Titanium aluminide intermetallic compounds are a new class of advanced materials with unique thermal properties such as high specific strength, excellent oxidation resistance and acceptable mechanical properties at high temperatures. This alloy has a wide range of application for example in the aerospace, automotive and turbine power generation industries .

The mechanical properties of TiAl alloy are sensitive to its microstructure. The variation in microstructure that can be controlled these alloys are numerous but they can perhaps divided in four different categories; near γ, duplex (DP), near lamellar (NL) and fully lamellar (FL) microstructures.

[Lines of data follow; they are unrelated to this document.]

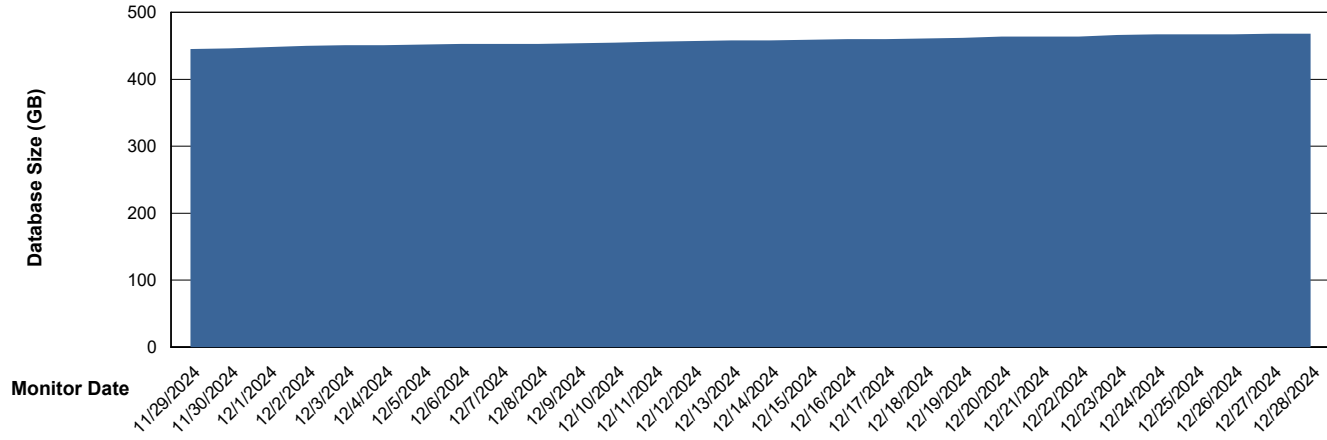

DATABASE SIZE KLH_PRD_SRSBIDB01_ABS1

Database growth over last month

Weekly SLA Customer Report

Customer KLH_Production (24/7)
Database ID 139

DATABASE SIZE KLH_PRD_SRSDB01_ABS1

Database growth over last month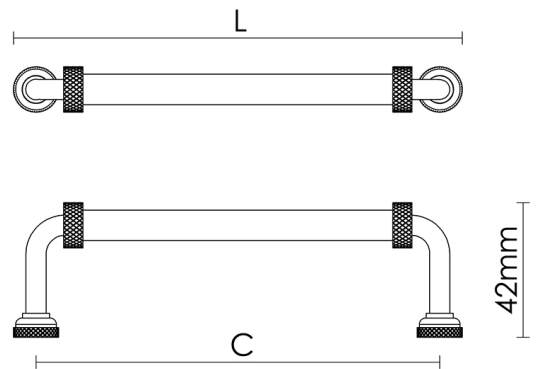

CROFT

Product Code: 5114

Product Name: Drayton Pull

Description: With its knurled detail and long thin bar, the Drayton Pull is an elegant and delicate looking handle, yet as sturdy as the rest of our pulls. Available in 3 different sizes, the Drayton Pull is a beautiful addition any piece of furniture.

Shown here in our Polished Nickel finish.

Product Information

With its knurled detail and long thin bar, the Drayton Pull is an elegant and delicate looking handle, yet as sturdy as the rest of our pulls. Available in 3 different sizes, the Drayton Pull is a beautiful addition any piece of furniture.

Sizes	L	C
4 1/4"	125mm	110mm
5"	144mm	127mm
6"	167mm	152mm

Available in all Croft finishes excluding PGUL, RBMA, TB,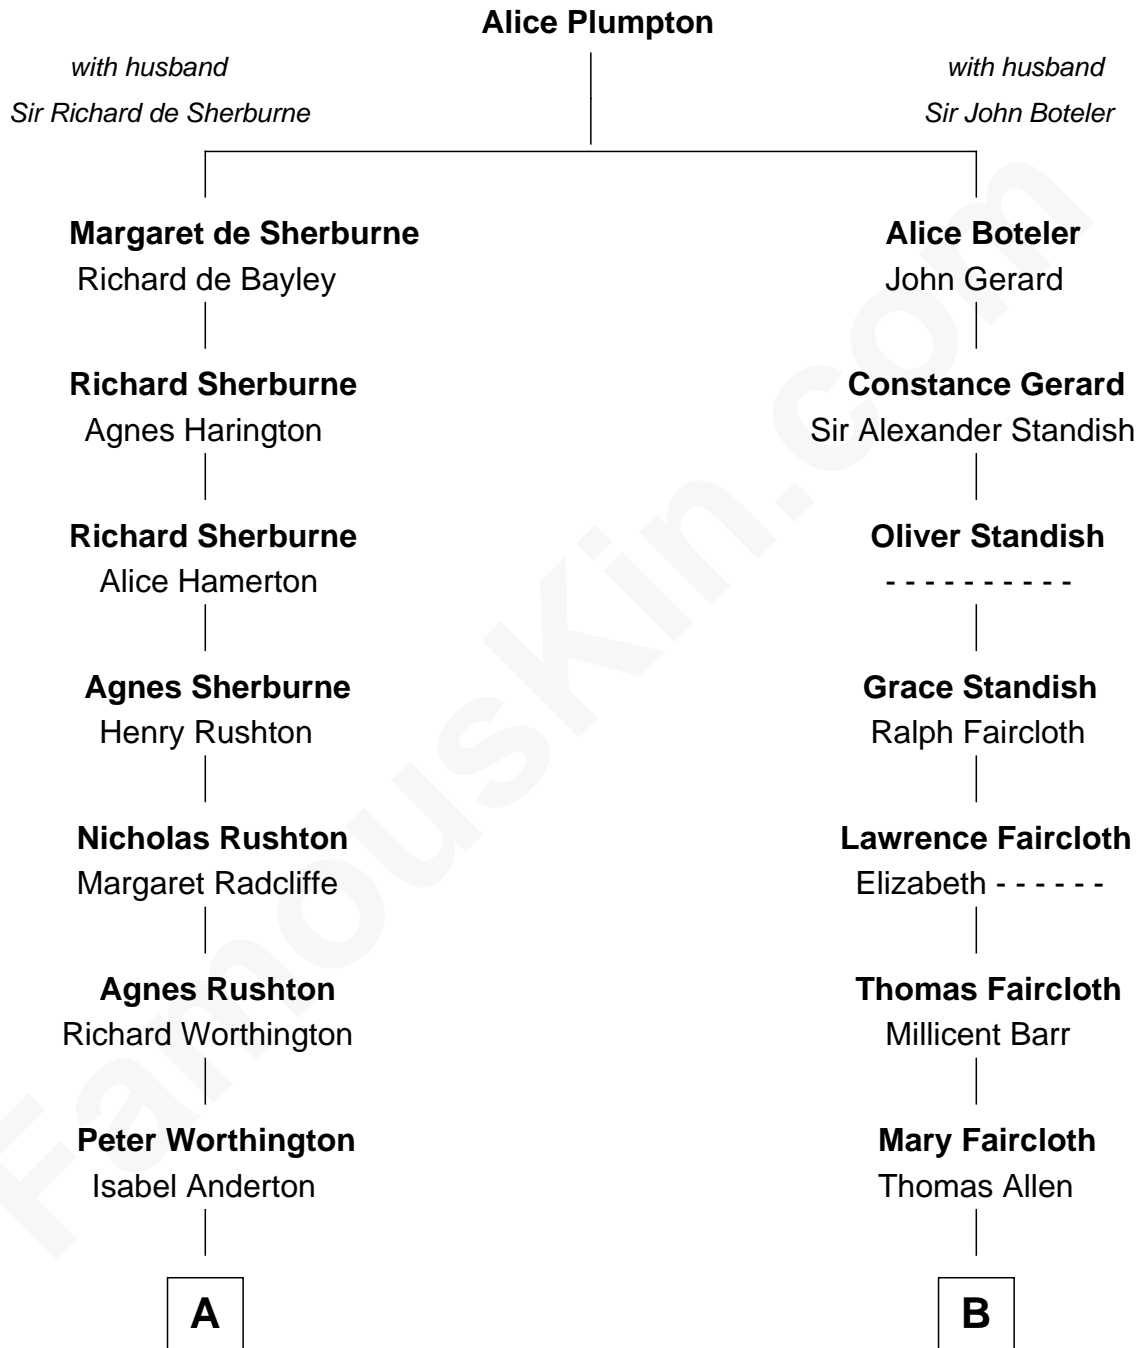

FamousKin.com Relationship Chart of

James Taylor

Singer-Songwriter

12th cousin 9 times removed of

Samuel Prescott

Completed Paul Revere's Midnight Ride

C

Granville Hall Leonard

Eliza Ann Buffum

Emily Roxanna Leonard

Stanford Lyman Haynes

Theodosia Haynes

Alexander Taylor

Dr. Isaac Montrose Taylor

Gertrude Arline Woodard

James Taylor

These structures can be formed via heat treatment and alloying process. DP and FL macrostructure are two typical microstructures and have been subjected to more study than another two types.

Today is tendency on optimizing the fully lamellar structure of γ alloys to have a fine grain size because such structure is known to have better balanced properties than the Fl structure with a large grain size and the DP one with a fine grain size Figures 1and 2

Fig 1 Typical lamellar grains of Ti-46.5Al-2W-05Si with heat treatment of 1150 ⁰C

Fig 2 Typical duplex microstructures of Ti–47Al–2Cr (at.%) with conventional heat treatment and two-step heat treatment (1250 ⁰C, 4 h, + 900 ⁰C, 24 h)

The major concern for structure use of TiAl alloy is low ductility at room temperature. Adding such element as Cr ,B, C, Si, W ,Cr Mo and ,Nb can improved the mechanical properties of TiAl. At the same time, adjusting the microstructure of TiAl alloy by controlling heat treatment processing is another way to improve its mechanical properties specially its ductility.